Data to process START
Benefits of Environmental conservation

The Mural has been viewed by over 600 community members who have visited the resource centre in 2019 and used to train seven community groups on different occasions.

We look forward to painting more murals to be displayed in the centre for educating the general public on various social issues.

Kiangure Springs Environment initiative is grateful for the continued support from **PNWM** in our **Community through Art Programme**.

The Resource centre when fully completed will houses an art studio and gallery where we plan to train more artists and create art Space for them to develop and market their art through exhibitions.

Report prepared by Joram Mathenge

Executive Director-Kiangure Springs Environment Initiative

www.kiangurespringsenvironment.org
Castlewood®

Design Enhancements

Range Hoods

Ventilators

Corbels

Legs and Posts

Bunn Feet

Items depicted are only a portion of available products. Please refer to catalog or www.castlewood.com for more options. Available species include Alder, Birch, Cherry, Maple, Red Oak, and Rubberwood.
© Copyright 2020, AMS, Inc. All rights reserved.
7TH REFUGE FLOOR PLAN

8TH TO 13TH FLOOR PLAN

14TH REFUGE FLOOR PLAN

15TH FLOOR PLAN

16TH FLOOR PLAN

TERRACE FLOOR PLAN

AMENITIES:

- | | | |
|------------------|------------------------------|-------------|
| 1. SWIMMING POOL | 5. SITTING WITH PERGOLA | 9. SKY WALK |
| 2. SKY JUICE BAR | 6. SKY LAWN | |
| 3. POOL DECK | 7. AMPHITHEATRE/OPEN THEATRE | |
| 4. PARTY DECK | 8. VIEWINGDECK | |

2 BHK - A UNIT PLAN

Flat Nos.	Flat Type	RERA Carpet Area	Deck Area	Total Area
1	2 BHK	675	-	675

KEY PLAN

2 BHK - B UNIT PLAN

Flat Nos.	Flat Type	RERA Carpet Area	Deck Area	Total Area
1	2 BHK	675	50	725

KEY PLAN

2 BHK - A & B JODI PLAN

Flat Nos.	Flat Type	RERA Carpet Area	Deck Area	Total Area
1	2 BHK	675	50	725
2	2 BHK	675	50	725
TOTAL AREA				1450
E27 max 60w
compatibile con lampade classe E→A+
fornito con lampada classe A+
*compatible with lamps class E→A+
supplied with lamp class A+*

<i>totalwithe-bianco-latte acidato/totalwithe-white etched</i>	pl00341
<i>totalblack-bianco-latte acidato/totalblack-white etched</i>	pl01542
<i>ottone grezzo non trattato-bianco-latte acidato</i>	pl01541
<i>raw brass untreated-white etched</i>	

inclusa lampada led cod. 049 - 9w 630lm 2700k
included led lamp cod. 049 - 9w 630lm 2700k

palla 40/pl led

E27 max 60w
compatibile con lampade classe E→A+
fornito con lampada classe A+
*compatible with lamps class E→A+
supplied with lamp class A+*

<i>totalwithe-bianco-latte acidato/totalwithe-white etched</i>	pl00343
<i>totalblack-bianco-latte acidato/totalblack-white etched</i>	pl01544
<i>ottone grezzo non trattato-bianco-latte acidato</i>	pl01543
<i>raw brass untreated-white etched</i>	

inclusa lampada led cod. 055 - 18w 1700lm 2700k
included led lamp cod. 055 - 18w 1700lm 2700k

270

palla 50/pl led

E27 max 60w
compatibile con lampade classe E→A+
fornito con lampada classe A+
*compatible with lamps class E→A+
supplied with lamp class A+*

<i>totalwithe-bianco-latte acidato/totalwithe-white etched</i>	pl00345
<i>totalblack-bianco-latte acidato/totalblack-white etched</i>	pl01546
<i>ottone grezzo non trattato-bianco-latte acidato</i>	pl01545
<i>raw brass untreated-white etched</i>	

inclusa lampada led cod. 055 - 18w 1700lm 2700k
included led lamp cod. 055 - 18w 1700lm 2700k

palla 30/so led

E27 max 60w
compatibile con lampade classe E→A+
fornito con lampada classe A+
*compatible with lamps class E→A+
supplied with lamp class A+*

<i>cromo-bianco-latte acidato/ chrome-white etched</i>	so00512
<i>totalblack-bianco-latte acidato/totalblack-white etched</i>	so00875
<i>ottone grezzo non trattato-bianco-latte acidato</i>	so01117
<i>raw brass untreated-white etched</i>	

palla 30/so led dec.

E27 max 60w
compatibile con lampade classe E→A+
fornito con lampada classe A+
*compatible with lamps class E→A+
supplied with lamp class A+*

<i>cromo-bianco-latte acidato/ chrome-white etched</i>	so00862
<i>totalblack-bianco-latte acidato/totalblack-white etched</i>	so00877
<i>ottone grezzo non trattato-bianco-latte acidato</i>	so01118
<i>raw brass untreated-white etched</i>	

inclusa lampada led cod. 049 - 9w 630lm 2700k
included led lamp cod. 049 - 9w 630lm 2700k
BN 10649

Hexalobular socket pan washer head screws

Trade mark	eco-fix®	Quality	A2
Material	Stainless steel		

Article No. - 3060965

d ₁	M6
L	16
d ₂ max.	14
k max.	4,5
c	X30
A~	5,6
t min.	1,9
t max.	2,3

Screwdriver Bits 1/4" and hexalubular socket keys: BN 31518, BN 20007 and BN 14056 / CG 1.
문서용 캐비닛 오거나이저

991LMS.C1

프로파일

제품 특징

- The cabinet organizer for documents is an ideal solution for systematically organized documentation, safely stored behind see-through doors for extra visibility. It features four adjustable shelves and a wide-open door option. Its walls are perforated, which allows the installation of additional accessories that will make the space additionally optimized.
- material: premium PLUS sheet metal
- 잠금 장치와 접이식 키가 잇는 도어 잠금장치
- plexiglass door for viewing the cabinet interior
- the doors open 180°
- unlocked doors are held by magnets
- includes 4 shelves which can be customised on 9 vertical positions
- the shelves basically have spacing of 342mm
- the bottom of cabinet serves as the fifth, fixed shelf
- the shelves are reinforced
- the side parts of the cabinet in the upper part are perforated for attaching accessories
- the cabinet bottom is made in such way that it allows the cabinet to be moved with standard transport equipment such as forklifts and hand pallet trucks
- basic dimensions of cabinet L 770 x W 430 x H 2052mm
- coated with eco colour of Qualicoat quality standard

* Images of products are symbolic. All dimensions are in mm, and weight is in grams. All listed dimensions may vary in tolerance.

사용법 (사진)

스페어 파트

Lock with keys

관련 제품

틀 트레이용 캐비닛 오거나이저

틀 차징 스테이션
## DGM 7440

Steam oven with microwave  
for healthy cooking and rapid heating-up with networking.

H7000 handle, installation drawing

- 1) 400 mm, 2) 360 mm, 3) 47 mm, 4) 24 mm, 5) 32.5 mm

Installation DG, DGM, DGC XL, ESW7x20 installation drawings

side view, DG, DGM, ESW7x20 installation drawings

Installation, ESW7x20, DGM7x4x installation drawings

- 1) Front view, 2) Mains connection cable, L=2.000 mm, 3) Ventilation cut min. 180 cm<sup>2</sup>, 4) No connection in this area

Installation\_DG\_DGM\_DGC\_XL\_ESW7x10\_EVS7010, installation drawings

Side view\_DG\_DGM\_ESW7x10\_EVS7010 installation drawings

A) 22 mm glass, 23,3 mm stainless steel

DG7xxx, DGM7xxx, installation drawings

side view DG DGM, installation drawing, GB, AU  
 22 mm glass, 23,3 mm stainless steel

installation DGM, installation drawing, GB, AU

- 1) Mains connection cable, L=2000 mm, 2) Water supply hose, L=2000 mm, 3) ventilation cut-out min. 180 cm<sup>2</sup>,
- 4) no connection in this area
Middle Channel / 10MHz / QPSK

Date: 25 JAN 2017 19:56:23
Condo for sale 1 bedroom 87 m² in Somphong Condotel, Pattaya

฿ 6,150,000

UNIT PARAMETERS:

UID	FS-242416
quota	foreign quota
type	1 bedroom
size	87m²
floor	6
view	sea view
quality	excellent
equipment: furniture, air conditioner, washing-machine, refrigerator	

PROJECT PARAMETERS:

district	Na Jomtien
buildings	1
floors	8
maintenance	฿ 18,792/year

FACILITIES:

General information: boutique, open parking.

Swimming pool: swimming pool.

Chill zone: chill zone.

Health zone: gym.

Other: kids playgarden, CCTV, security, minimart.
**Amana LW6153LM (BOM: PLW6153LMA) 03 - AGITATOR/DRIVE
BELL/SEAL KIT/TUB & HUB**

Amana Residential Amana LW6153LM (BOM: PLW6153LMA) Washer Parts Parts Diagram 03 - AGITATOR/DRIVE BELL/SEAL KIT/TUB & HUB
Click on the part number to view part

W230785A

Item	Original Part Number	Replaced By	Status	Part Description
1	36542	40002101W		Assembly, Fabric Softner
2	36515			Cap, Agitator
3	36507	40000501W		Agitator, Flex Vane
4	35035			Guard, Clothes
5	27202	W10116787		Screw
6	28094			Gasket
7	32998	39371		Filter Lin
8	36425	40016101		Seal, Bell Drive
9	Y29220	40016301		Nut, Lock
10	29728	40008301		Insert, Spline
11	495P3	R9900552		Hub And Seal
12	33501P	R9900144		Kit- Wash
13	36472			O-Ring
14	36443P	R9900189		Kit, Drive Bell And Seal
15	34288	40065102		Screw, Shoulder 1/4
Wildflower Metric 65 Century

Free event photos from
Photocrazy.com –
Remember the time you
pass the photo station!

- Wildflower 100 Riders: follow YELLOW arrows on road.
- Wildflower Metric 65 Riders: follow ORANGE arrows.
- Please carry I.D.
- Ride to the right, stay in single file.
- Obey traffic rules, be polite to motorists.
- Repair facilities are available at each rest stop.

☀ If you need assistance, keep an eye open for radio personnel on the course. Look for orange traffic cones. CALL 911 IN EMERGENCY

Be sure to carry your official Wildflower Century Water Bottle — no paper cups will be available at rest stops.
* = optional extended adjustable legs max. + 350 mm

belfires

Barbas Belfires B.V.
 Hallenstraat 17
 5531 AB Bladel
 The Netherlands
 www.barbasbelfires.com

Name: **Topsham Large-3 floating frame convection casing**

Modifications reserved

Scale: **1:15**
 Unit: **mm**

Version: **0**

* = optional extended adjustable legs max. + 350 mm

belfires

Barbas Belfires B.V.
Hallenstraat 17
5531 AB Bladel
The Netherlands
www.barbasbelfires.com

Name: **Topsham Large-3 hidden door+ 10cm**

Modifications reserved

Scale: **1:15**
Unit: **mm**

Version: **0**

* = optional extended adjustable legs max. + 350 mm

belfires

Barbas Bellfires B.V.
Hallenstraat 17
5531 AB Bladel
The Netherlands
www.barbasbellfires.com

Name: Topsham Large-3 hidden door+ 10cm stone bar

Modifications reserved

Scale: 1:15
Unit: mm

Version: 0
Data to process END
Action item >>
Select and copy every line of the material that holds the string "Metric".

Exercise solution >>
Wildflower Metric 65 Century
- Wildflower Metric 65 Riders: follow ORANGE arrows.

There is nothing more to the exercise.